28 October 2016
Many members of the pro-Beijing camp are puzzled why Tsang Tak-sing (right), a traditional leftist, was asked to resign his post. Photo: HKEJ
Many members of the pro-Beijing camp are puzzled why Tsang Tak-sing (right), a traditional leftist, was asked to resign his post. Photo: HKEJ

Tsang Tak-sing is down but not out

Spare a thought for senior government officials, down whose spines a chill ran after the abrupt departure of Home Affairs Bureau chief Tsang Tak-sing.

The 66-year-old patriot who had won the trust of Beijing – evidenced by his serving under three different chief executives – is taking an unexpected summer holiday after his boss excused him from duty and replaced him with a less popular and less senior leftist.

Who could have predicted that Tsang, a former Ta Kung Pao editor who had been jailed by the British as a student during the 1967 uprisings, would end his storybook career by being laid off?

Tsang has not spoken in public since Tuesday, but he was quoted as saying he was happy to retire now.

His elder brother, Legislative Council president Jasper Tsang Yok-sing, said Tsang had not asked to quit.

Ministerial departures are often presented as voluntary resignations due to personal or health issues, but that was a luxury denied Tsang.

Instead, after Chief Executive Leung Chun-ying announced the cabinet reshuffle, pro-government media outlets spread the word that Tsang had been seen as failing to perform his duties adequately, especially as regards the proper development of Hong Kong’s youth, which eventually led to the Occupy movement last year.

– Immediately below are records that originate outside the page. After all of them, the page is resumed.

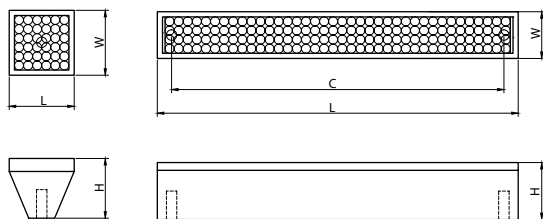

Артикул	Размер				Цвет
	C, мм	L, мм	W, мм	H, мм	
11813	0	25	25	23	хром
11812	128	139	18	22	хром

Материал: цинковый сплав Zamak с кристаллами
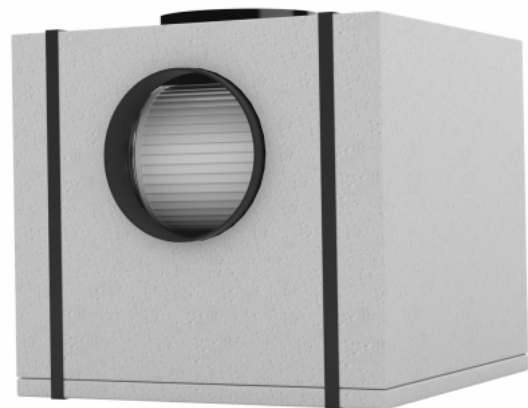

TX loft II ekstern motor

Varenummer: 225.19.1200.2

4.845,00 kr.

EAN nummer: 5703347529856

Kraftfuld og støjsvag motor til placering på loftet

Ekstern TX motor findes i to varianter nemlig som ekstern TX motor, væg og ekstern TX II motor, loft. Ekstern TX motor, væg leveres med vejrbestandig rustfri stålkappe. Ekstern TX II motor, loft leveres med kondens- og isoleringskasse til montering i loftrum. Husk at kondensisolere aftrækket, hvis det føres igennem uopvarmede rum. Kraftfuld og trykstærk. Specielt designet til at flytte luftmængden over længere strækninger.

Specifikationer

Energiforbrug [W] 374

Luftmængde ved 0 Pascal [m³/t] 810

Among administrative officers and members of the pro-establishment camp, many questions linger about what was in Leung’s mind, given Tsang’s nearly impeccable service record.

After all, when Tsang indicated in 2012 that he preferred to leave the government, Leung, the incoming chief executive, asked him to stay.

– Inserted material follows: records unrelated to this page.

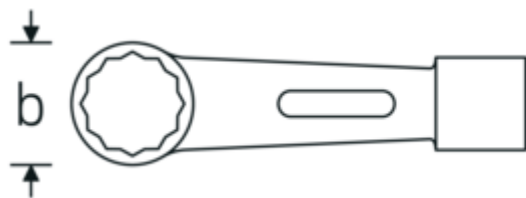

Ringslagsleutel

StahlwilleSTABIL® 8

Artikelnr. 42010032
GTIN 4018754023141
Model 8 32

Aanwijzing.

Ringslagsleutel Maat 32 mm L.195mm

Eigenschappen.

StahlwilleSTABIL®
• Chrome-Alloy-Steel, groen gelakt

Technische tekening.

Technische kenmerken.

a	24 mm
Breedte mm (b)	47 mm
Lengte mm (L)	195 mm
Flatbreedte 1 [mm]	32 mm

Logistieke gegevens.

Diepte mm (IFS)	193
Breedte mm (IFS)	48
Hoogte mm (IFS)	24
Lengte (verpakt, mm)	193

Breedte (verpakt, mm)	48
Hoogte (verpakt, mm)	24
Volume (verpakt, dm3)	0.222336 dm3
Artikelnr.	42010032
Gewicht (bruto, KG)	0,661
Gewicht PAP (KG)	0,000
Gewicht PVC (KG)	0,006
GTIN	4018754023141
Land van oorsprong AWR	GERMANY
Regio van oorsprong	Nordrhein-Westfalen
WEEE/ElektroG	nicht ear-pflichtig
Douanetarief nr.	82041100
Verpakkingsstandaard	1
Gewicht (g)	661 g

During his eight years at Home Affairs, Tsang may not have been the administration’s best minister, but he was far from the worst.

There are two main criticisms leveled against Tsang.

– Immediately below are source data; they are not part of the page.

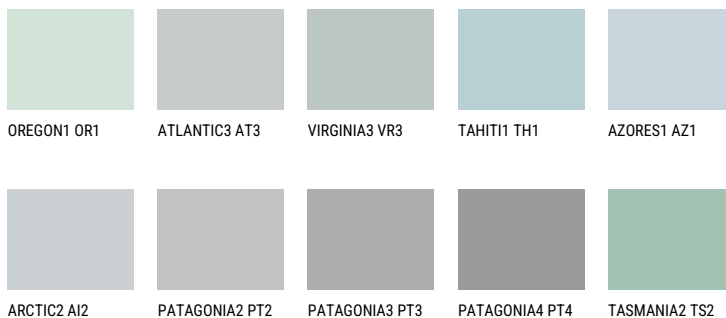

ALASKA1 AL166% **TSR** 65%**Podudarna nijansa****COLOURS OF NATURE PALETA**

Za više informacija o malterima i bojama, idite na

www.ceresit.rs

*Nijanse koje su prikazane odnose se na maltere i boje koje nudi Ceresit. Zbog upotrebe digitalnih tehnologija, predstavljene boje možda nisu reprezentativne kao originalne, pa se ne mogu u potpunosti smatrati pouzdanim. Preporučujemo da proverite autentične uzorke boja.

INTENSE PALETA

EMERALD LAND

EMERALD GARDEN

EMERALD OASE

DIAMOND NIGHT

SAPPHIRE SEA

DIAMOND DAY

Za više informacija o malterima i bojama, idite na

First, running a welfare organization that employed four dozen administrative officers in Hong Kong’s 18 districts, Tsang failed to gain public support and to groom respectable pro-government groups.

He was not a man who liked to communicate with his stakeholders, critics said.

Secondly, he overspent the East Asian Games budget by HK$120 million (US$15.5 million) in 2009.

If these were the two worst things that could be said about a minister over an eight-year term, I would safely conclude he would be one of the all-time most popular ministers.

His staff certainly liked him. One of his deputies, Betty Fung Ching Suk-yee, posted a photo on Facebook showing how much they miss him.

His other deputy, Florence Hui Hiu-fai, who was a leading candidate for the head of Leung’s proposed cultural bureau, was reported to be ready to move on to a new challenge once Tsang’s replacement, Lau Kong-wah, finds his own No. 2.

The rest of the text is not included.